We examined the population remission rate, and as such it is difficult to determine the benefit for each individual patient. Future analyses, along the lines of the PAI (DeRubeis et al., ), may be able to help estimate the individual benefit with model-predicted treatment. However, what is intriguing is that despite equal effectiveness of these treatments at a population level, we are able to use individual patient differences in predicted remission generated by varying the assigned drug to improve the overall remission rate. If all treatments were truly equally effective for all individuals, we could have expected a model that approximated but did not improve upon the remission rate. The finding of a projected improvement supports a personalized medicine approach based on individualized prediction of response to treatment.

Deep learning has often been labeled as a “black box,” meaning deep learning models can be a challenge to interpret (Samek, Wiegand, & Müller, ). Interestingly, when using only clinical and demographic measures, we find that deep learning systems provide a list of features that clinicians could interpret. As demonstrated in Box 1, the most important features used in the prediction for each individual patient can be recovered, providing insights personalized to that patient. This “personalized prediction report” demonstrates that deep learning–based tools may be able to provide information that is useful for understanding individual clinical cases.

Box 1.

Examples of Differential Predictions for Two Subjects (“Personalized Prediction Reports”)

Here we show “reports” for two patients showing the drug they received in the study and whether or not they went into remission; the drug the network predicted and the predicted remission rates for that drug and the drug the patient actually received; and the five most important features for that patient based on the neural network (all features were used for both patients, but the five listed were weighted more by the network for that patient).

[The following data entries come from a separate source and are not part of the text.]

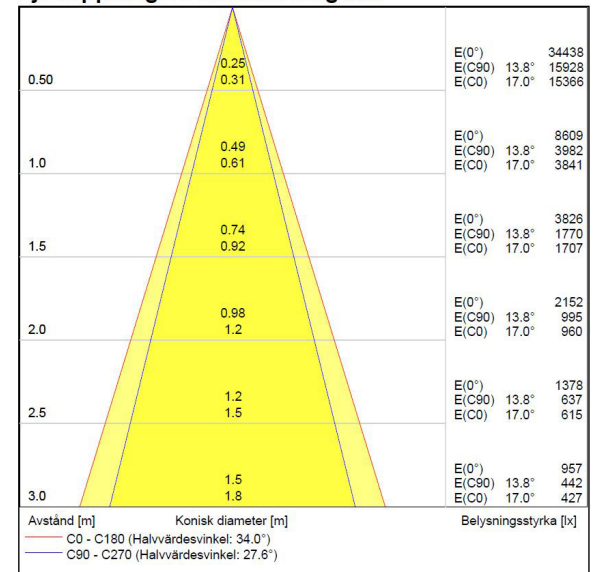

Ljusdiagram

Ljusöppning 1 / Koniskt diagram
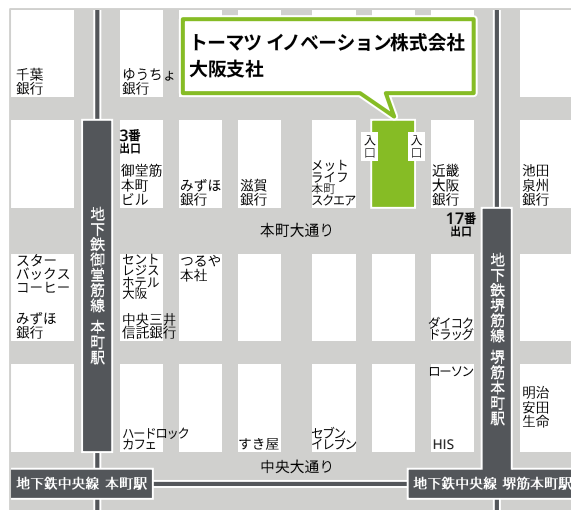

大阪支社

〒541-0052
大阪市中央区安土町2-3-13 大阪国際ビルディング25F

TEL
06-6271-1111

FAX
06-6271-1144

アクセス

御堂筋線 本町駅 3番出口から徒歩5分
堺筋線 堺筋本町駅 17番出口から徒歩2分

Floor guide

エントランスよりお入りください。各教室に受付がございます。

非常口

エレベーター

お手洗い

自動販売機

◆ 受付
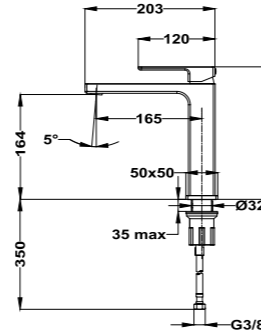

Grifo monomando de lavabo XL

- Sistema de instalación rápida Easy Fix
- Aireador antical orientable
- Limitador de caudal a 5l/min
- Ahorra hasta un 60% frente a un monomando estándar
- Ideal para proyectos BREEAM y LEED
- Cartucho cerámico de gran precisión y suavidad
- Tubos de alimentación flexible 3/8"
- Sin desagüe automático

Acabado	REF.	EUROS
Cromo	853111250	238,00
Negro*	85311125N	269,00
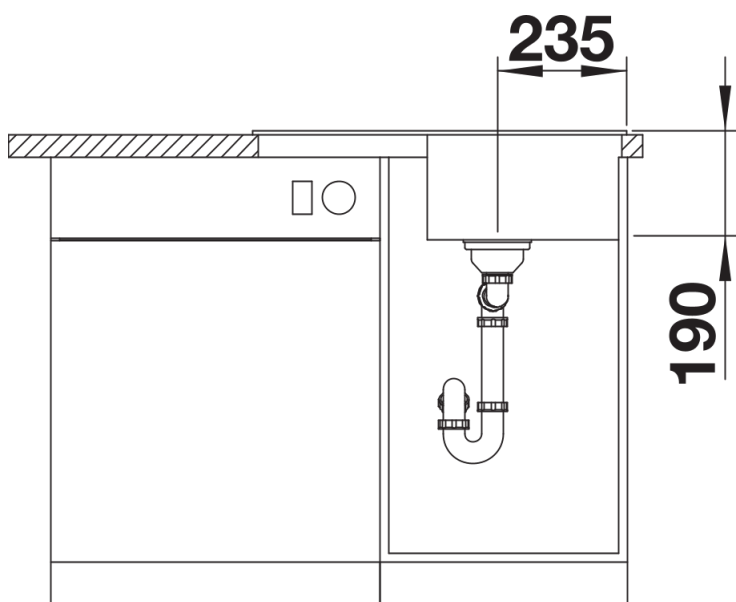

Fiche technique ZIA 45 S Compact

Référence de l'article 524721

Avantage

- Design moderne aux lignes épurées
- Travail pratique et confortable
- Dimensions extérieures compactes grâce à une plus petite surface d'égouttage
- Agencement de cuve classique pour une installation réversible

Découpe

Vue de face

Vue latérale
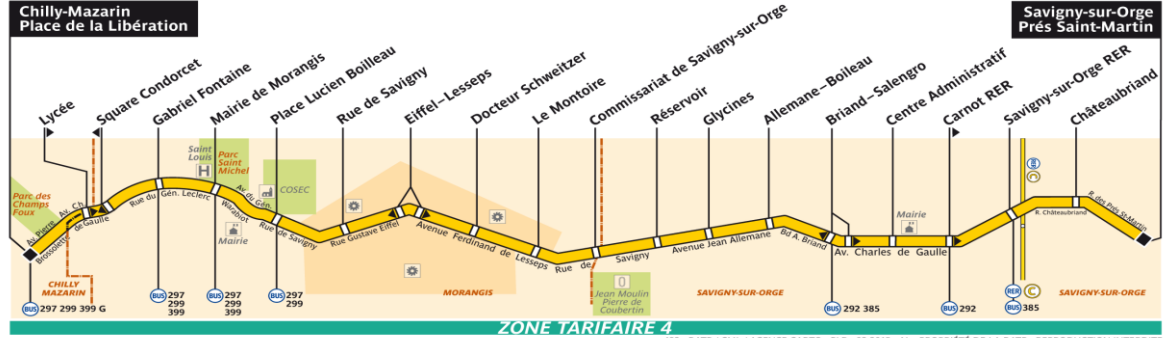

492

Notre engagement : Nous nous efforçons de respecter au mieux les horaires affichés en fonction des difficultés de circulation

Place de la Libération - Prés Saint Martin

Lundi à Vendredi																													
Place de la Libération	6 30	6 43	6 56	7 08	7 20	7 32	7 44	7 56	8 08	8 20	8 33	8 46	9 00	9 15	9 30	9 45	10 00	10 15	10 30	10 45	11 00	11 15	11 30	11 45	12 00	12 15	12 30	12 45	
Mairie de Morangis	6 33	6 46	6 59	7 11	7 23	7 36	7 48	8 00	8 12	8 24	8 37	8 49	9 03	9 18	9 33	9 48	10 07	10 27	10 47	11 07	11 27	11 47	12 07	12 27	12 47	13 07	13 27	13 47	14 07
Commissariat de Savigny Sur Orge	6 39	6 52	7 05	7 18	7 30	7 43	7 55	8 07	8 19	8 31	8 43	8 55	9 09	9 24	9 39	9 54	10 13	10 33	10 53	11 13	11 33	11 53	12 13	12 33	12 53	13 13	13 33	13 53	14 13
Briand Salengro	6 44	6 57	7 10	7 23	7 36	7 48	8 00	8 12	8 24	8 36	8 49	9 01	9 15	9 30	9 45	10 00	10 19	10 39	10 59	11 19	11 39	11 59	12 19	12 39	12 59	13 19	13 39	13 59	14 19
Savigny Sur Orge Carnot RER	6 46	6 59	7 12	7 25	7 38	7 51	8 03	8 15	8 27	8 39	8 52	9 03	9 17	9 32	9 47	10 02	10 21	10 41	11 01	11 21	11 41	12 01	12 21	12 41	13 01	13 21	13 41	14 01	14 21
Prés Saint Martin	6 53	7 06	7 19	7 32	7 46	8 00	8 12	8 24	8 36	8 48	9 00	9 11	9 25	9 40	9 55	10 10	10 29	10 49	11 09	11 29	11 49	12 09	12 29	12 49	13 09	13 29	13 49	14 09	14 29

Samedi																													
Place de la Libération	6 30	6 43	6 56	7 08	7 20	7 32	7 44	7 56	8 08	8 20	8 33	8 46	9 00	9 15	9 30	9 45	10 00	10 15	10 30	10 45	11 00	11 15	11 30	11 45	12 00	12 15	12 30	12 45	
Mairie de Morangis	6 33	6 46	6 59	7 11	7 23	7 36	7 48	8 00	8 12	8 24	8 37	8 49	9 03	9 18	9 33	9 48	10 07	10 27	10 47	11 07	11 27	11 47	12 07	12 27	12 47	13 07	13 27	13 47	14 07
Commissariat de Savigny Sur Orge	6 39	6 52	7 05	7 18	7 30	7 43	7 55	8 07	8 19	8 31	8 43	8 55	9 09	9 24	9 39	9 54	10 13	10 33	10 53	11 13	11 33	11 53	12 13	12 33	12 53	13 13	13 33	13 53	14 13
Briand Salengro	6 44	6 57	7 10	7 23	7 36	7 48	8 00	8 12	8 24	8 36	8 49	9 01	9 15	9 30	9 45	10 00	10 19	10 39	10 59	11 19	11 39	11 59	12 19	12 39	12 59	13 19	13 39	13 59	14 19
Savigny Sur Orge Carnot RER	6 46	6 59	7 12	7 25	7 38	7 51	8 03	8 15	8 27	8 39	8 52	9 03	9 17	9 32	9 47	10 02	10 21	10 41	11 01	11 21	11 41	12 01	12 21	12 41	13 01	13 21	13 41	14 01	14 21
Prés Saint Martin	6 52	7 05	7 18	7 31	7 44	7 57	8 09	8 21	8 33	8 45	8 57	9 10	9 24	9 39	9 54	10 09	10 28	10 48	11 08	11 28	11 48	12 08	12 28	12 48	13 08	13 28	13 48	14 08	14 28

Prés Saint Martin - Place de la Libération

Lundi à vendredi																														
Prés Saint Martin	6 24	6 36	6 48	7 00	7 12	7 24	7 36	7 48	8 00	8 12	8 24	8 37	8 50	9 05	9 20	9 35	9 53	10 13	10 33	10 53	11 13	11 33	11 53	12 13	12 33	12 53	13 13	13 33	13 53	14 13
Savigny Sur Orge RER	6 30	6 42	6 54	7 06	7 18	7 31	7 43	7 55	8 07	8 19	8 31	8 44	8 56	9 11	9 26	9 41	9 59	10 19	10 39	10 59	11 19	11 39	11 59	12 19	12 39	12 59	13 19	13 39	13 59	14 19
Briand Salengro	6 32	6 45	6 57	7 09	7 21	7 33	7 46	7 58	8 10	8 22	8 34	8 46	8 59	9 14	9 29	9 44	10 02	10 22	10 42	11 02	11 22	11 42	12 02	12 22	12 42	13 02	13 22	13 42	14 02	14 22
Commissariat de Savigny Sur Orge	6 36	6 48	7 00	7 12	7 25	7 37	7 49	8 01	8 13	8 25	8 37	8 50	9 02	9 17	9 32	9 47	10 05	10 25	10 45	11 05	11 25	11 45	12 05	12 25	12 45	13 05	13 25	13 45	14 05	14 25
Mairie de Morangis	6 43	6 55	7 07	7 19	7 32	7 45	7 57	8 09	8 21	8 33	8 45	8 57	9 10	9 25	9 40	9 55	10 13	10 33	10 53	11 13	11 33	11 53	12 13	12 33	12 53	13 13	13 33	13 53	14 13	14 33
Place de la Libération	6 47	6 59	7 11	7 23	7 36	7 49	8 02	8 14	8 26	8 38	8 50	9 02	9 14	9 29	9 44	9 59	10 17	10 37	10 57	11 17	11 37	11 57	12 17	12 37	12 57	13 17	13 37	13 57	14 17	14 37
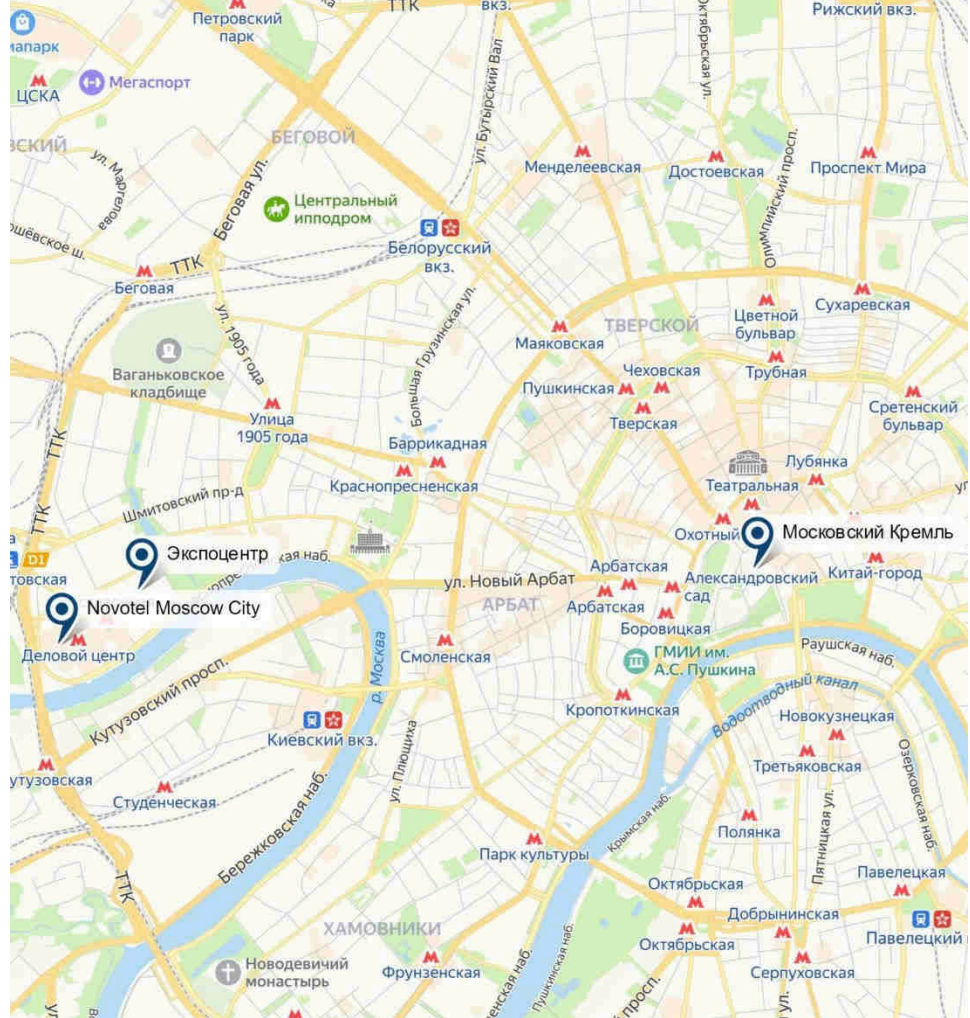

5_ Отдых и спорт

6_ Конференц – услуги

7_ Контактная информация

Расположение

Novotel Moscow City

Расположение

В САМОМ СЕРДЦЕ ДЕЛОВОГО ЦЕНТРА МОСКВЫ

_В окружении офисов, магазинов, кафе
и высочайших смотровых площадок

_Рядом 3 станции метро и МЦК

_Собственный паркинг

Novotel Moscow City

Панорамный вид

Московский международный деловой центр «Москва – Сити»

Novotel Moscow City

На карте

Современный бизнес – отель в московском международном деловом центре

5 минут пешком до Центрального выставочного комплекса «Экспоцентр»

10 минут на метро до центра столицы и ее основных достопримечательностей

35 минут на Аэроэкспрессе (отправляется с Киевского вокзала) до международного аэропорта «Внуково»

35 минут на Аэроэкспрессе (отправляется с Белорусского вокзала) до международного аэропорта «Шереметьево»

45 минут на Аэроэкспрессе (отправляется с Павелецкого вокзала) до международного аэропорта «Домодедово»
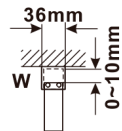

ESCA kouřové matné sklo 1367x2100mm

Objednací kód: ES1414

Rozměry

Šířka: 1367 mm

Výška: 2100 mm

Parametry

Záruka: 2 roky

Technický list

MODEL	A,mm
ES1070,ES1170,ES1270,ES1370,ES1470,ES1570	690-705
ES1080,ES1180,ES1280,ES1380,ES1480,ES1580	790-805
ES1090,ES1190,ES1290,ES1390,ES1490,ES1590	890-905
ES1010,ES1110,ES1210,ES1310,ES1410,ES1510	990-1005
ES1011,ES1111,ES1211,ES1311,ES1411,ES1511	1090-1105
ES1012,ES1112,ES1212,ES1312,ES1412,ES1512	1190-1205
ES1013,ES1113,ES1213,ES1313,ES1413,ES1513	1290-1305
ES1014,ES1114,ES1214,ES1314,ES1414,ES1514	1390-1405
ES1015,ES1115,ES1215,ES1315,ES1415,ES1515	1490-1505

MODEL	A,mm
ES1070,ES1170,ES1270,ES1370,ES1470,ES1570	699
ES1080,ES1180,ES1280,ES1380,ES1480,ES1580	799
ES1090,ES1190,ES1290,ES1390,ES1490,ES1590	899
ES1010,ES1110,ES1210,ES1310,ES1410,ES1510	999
ES1011,ES1111,ES1211,ES1311,ES1411,ES1511	1099
ES1012,ES1112,ES1212,ES1312,ES1412,ES1512	1199
ES1013,ES1113,ES1213,ES1313,ES1413,ES1513	1299
ES1014,ES1114,ES1214,ES1314,ES1414,ES1514	1399
ES1015,ES1115,ES1215,ES1315,ES1415,ES1515	1499

MODEL	A,mm
ES1070/ES1170/ES1270/ES1370/ES1470/ES1570	690-705
ES1080/ES1180/ES1280/ES1380/ES1480/ES1580	790-805
ES1090/ES1190/ES1290/ES1390/ES1490/ES1590	890-905
ES1010/ES1110/ES1210/ES1310/ES1410/ES1510	990-1005
ES1011/ES1111/ES1211/ES1311/ES1411/ES1511	1090-1105
ES1012/ES1112/ES1212/ES1312/ES1412/ES1512	1190-1205
ES1013/ES1113/ES1213/ES1313/ES1413/ES1513	1290-1305
ES1014/ES1114/ES1214/ES1314/ES1414/ES1514	1390-1405
ES1015/ES1115/ES1215/ES1315/ES1415/ES1515	1490-1505
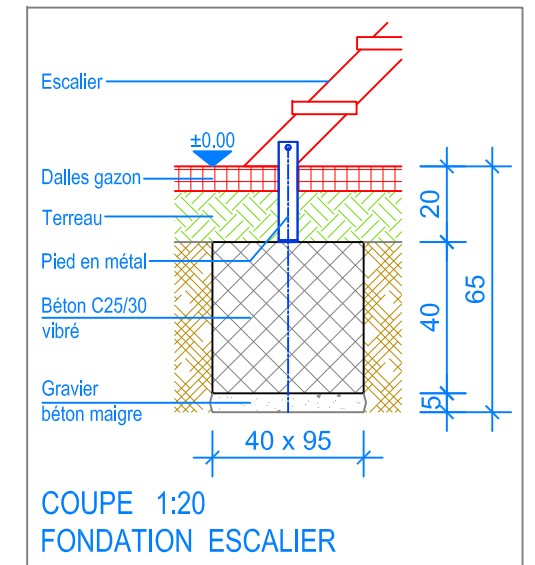

- Limite minimale avec dalles gazon
- - - Espace de chute

Fuchs Thun AG
Tempelstrasse 11, CH-3608 Thun
Tel. 033 334 30 00
Internet: www.fuchsthun.ch
E-Mail: info@fuchsthun.ch
Conseil et vente Suisse romande
Tél. 079 314 64 50

Objekt: Plan des fondations dalles gazon: 3.64.29 Tour combinée, HP = +140 cm		
Dat.: 09.08.2016	Rev.: 16.01.2019	PLNr.: 3.64.29
Gez.: Silvia Meyer	Rev.: 28.03.2024 - MT	Mst.: 1:50 / 1:20
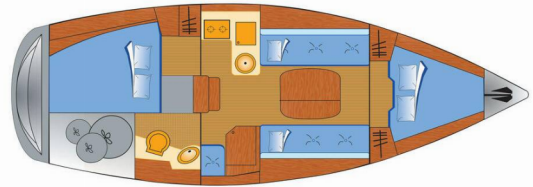

# BAVARIA 31 CRUISER

Seepocke

El Velero Bavaria 31 Cruiser „Seepocke“, construido en el año 2008, está amarrado en Marina Flensburg Sonwik, - Alemania.

El yate tiene 2 cabinas, puede alojar a 4 personas y tiene 1 baños/duchas.

**Seepocke**

Año De Producción

**2008**

Longitud

**9.76 m**

Cabinas

**2**

Camas

Subject A was originally given escitalopram and went into remission. Our neural network found escitalopram to have an 87.57% chance of remission. The five most important features for this patient and the attendant responses were as follows:

• Total monthly income: $2,200
• Years of formal education: 12
• Experienced weight increase within the last 2 weeks? Has gained 5 pounds or more
• Have you been feeling down, blue, sad, or depressed? Feels sad less than half the time
• Do you eat a lot when not hungry? No

Subject B was originally given citalopram and did not go into remission. Our neural network found citalopram to have a 38.03% chance of remission, while bupropion SR & escitalopram had a 60.43% chance of remission, indicating that changing the medication may have been beneficial for this patient. The five most important features for this patient and attendant responses were as follows:

• Have you ever witnessed a traumatic event? No
• Did reminders of a traumatic event make you shake, break out into a sweat, or have a racing heart? No
• Have you had any trouble falling asleep when you go to bed? Takes at least 30 minutes to fall asleep, more than half the time
• Have you been feeling down, blue, sad or depressed? Feels sad less than half the time
• Do you eat a lot when not hungry? Yes

It is interesting to note that there are two categories of features in Figure 2: those likely to predict overall probability of remission and treatment-specific features. For example, level of education and income—which have both been found in other studies of remission prediction (Carter et al., )—are both unlikely to be specifically related to any one drug’s mechanism, as opposed to sleep pattern, which may be relevant to a particular drug’s mechanism. It is important to review the features that have been identified in our model and compare them to models in previously published work, and a full discussion is included in the Supplementary Materials. Specific symptoms retained by our model may contribute to differential prediction. For example, in the Individualized Patient Reports (Box 1), Patient B was predicted to do better with a combination of bupropion and escitalopram, and one of the five most important features in that prediction was a tendency to eat a lot when not hungry, which is interesting given the fact that bupropion is often used clinically in cases of hyperphagia or when weight gain is to be avoided (Anderson et al., ; Patel et al., ).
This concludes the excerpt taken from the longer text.